1. Implement behind deterministic default behavior (no runtime flag required initially).
2. Run:
   - `cargo check`
   - `cargo test`
   - targeted provider tests
3. Validate with a captured problematic session replay and confirm no new `</think>` persistence.
4. If risk concerns remain, gate extraction-vs-strip behavior behind a config toggle after baseline fix.

## Risks and Mitigations

- **Risk:** Over-stripping legitimate user text containing `<think>` literals.
  - **Mitigation:** strip only exact supported reasoning tags; preserve unknown tags.
- **Risk:** Duplicate reasoning when native and tagged reasoning coexist.
  - **Mitigation:** native-first policy + dedupe guard.
- **Risk:** Streaming boundary bugs.
  - **Mitigation:** explicit state machine tests for split chunks and EOF flush behavior.

## Acceptance Criteria

1. No `</think>` or `<think>` tokens appear in assistant-visible output for known leak cases.
2. Existing native reasoning behavior remains functional.
3. Session message events store normalized assistant content.
4. Provider tests cover streaming and non-streaming normalization cases.
5. No regressions in existing TUI thinking rendering tests.

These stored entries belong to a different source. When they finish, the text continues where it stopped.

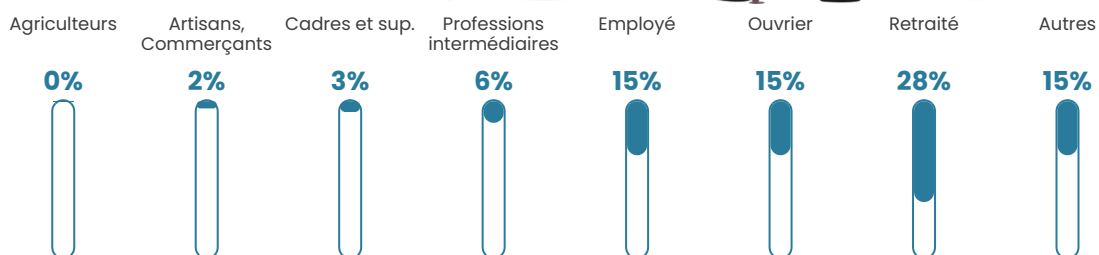

15.9%

Pop densité

73 h/km²

Revenu moyen

17 960 €/an

Evolution du nombre d'habitants

Sources : Institut national de la statistique et des études économiques (insee) selon Les dernières parutions officielles de 2024 portant sur les années 2020, 2021 et 2022.

Tranche d'âge

Activité professionnelle

Niveau de diplôme

Composition des ménages

Profils électoraux

Premier tour

	Marine LE PEN	28.56 %
	Jean-Luc MÉLENCHON	24.94 %
	Emmanuel MACRON	23.01 %
	Éric ZEMMOUR	5.55 %
	Valérie PÉCRESSE	5.37 %
	Fabien ROUSSEL	3.27 %
	Jean LASSALLE	2.51 %
	Nicolas DUPONT-AIGNAN	2.28 %
	Yannick JADOT	1.99 %
	Anne HIDALGO	1.40 %
	Philippe POUTOU	0.82 %
	Nathalie ARTHAUD	0.29 %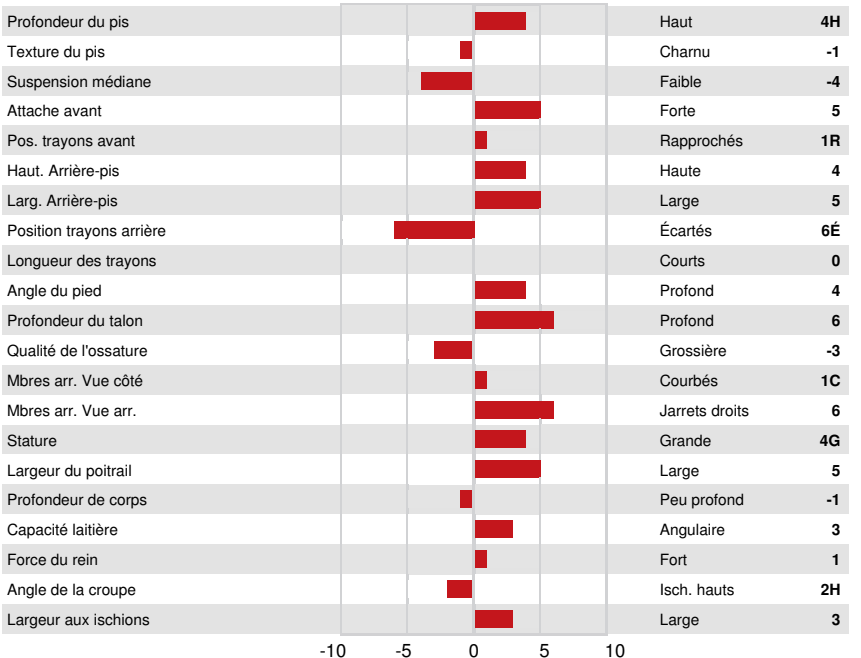

3STAR OH RANGER RED
PROGENESIS SHIMMER WAVE G-78-2YR-CAN
SCHREUR SHIMMER *RC
PROGENESIS DELSON WINNIE P GP-83-3YR-CAN
BOMAZ DELSON-P
PROGENESIS OUTL WINTERBERRY VG-88-4YR-CAN

GPA LPI +3712 PRO$ 2746

DPF RDC BLF CNF BYF MWF CVF HH1F HH2F HH3F HH4F HH5F HH6F HCDF HMWF

Nom #: HOCANM14227102 aAa: 432516 DMS:
Né le: 03/13/2022 Caséine kappa: AB Caséine bêta: A1A2

PRODUCTION		G Troupeaux	G Filles	82% Fiab	GPA 24*APR				
Lait kg	1201	Gras kg	87	Gras %	+0.34	Protéine kg	67	Protéine %	+0.21
Efficiéce de l'alimentation	109	BMC	88	Efficiéce du méthane	100				

SANTÉ ET REPRODUCTION		Immunité	107
Durée de vie	108	Immunité des veaux	104
SCS	109	Aptitude au vêlage	101
Fertilité des filles	102	Aptitude des filles au vêlage	105
Condition de chair	101	Vitesse de traite	93
Résistance à la mammite	108	Tempérament	101
Persistance de lactation	99	Résistance aux maladies métaboliques	106

CONFORMATION		G Troupeaux	G Filles	78% Fiab	GPA 24*APR	
Conformation	5	Puissance laitière	3			
Système mammaire	4	Croupe	0			
Pieds et membres	5					

PROGENESIS OUTL WINTERBERRY
THIRD DAM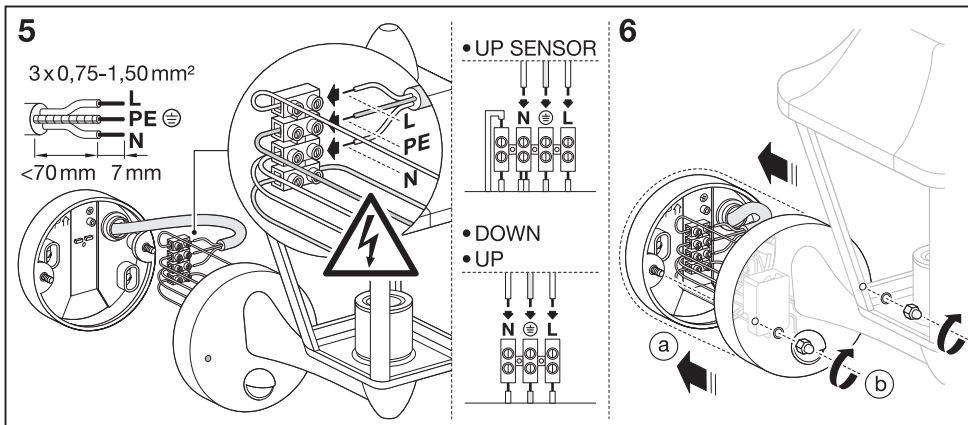

ENDURA® CLASSIC TRADITION

	EAN	W_{max.}	Temp (°C)	V~	Hz
ENDURA CLASSIC TRAD DOWN ALU E27BK	4058075206144	60	-20...+40	220-240	50/60
ENDURA CLASSIC TRAD DOWN ALU E27GD	4058075206168	60	-20...+40	220-240	50/60
ENDURA CLASSIC TRAD UP ALU E27BK	4058075206205	60	-20...+40	220-240	50/60
ENDURA CLASSIC TRAD UP ALU E27GD	4058075206229	60	-20...+40	220-240	50/60
ENDURA CLASSIC TRAD UPSENS ALUE27BK	4058075206267	60	-20...+40	220-240	50/60
ENDURA CLASSIC TRAD UPSENS ALUE27GD	4058075206281	60	-20...+40	220-240	50/60

## Open Decisions (to confirm before implementation)

1. Should extracted tag-body reasoning be appended when native reasoning also exists (`merge`) or dropped (`native-only`)?
   - Recommended default: `native-only` to avoid duplication.
2. Should `<thinking>` tags be supported immediately alongside `<think>`?
   - Recommended default: yes, both.
3. Should we add a user-facing config switch now or only if needed?
   - Recommended default: no switch initially; keep policy internal and deterministic.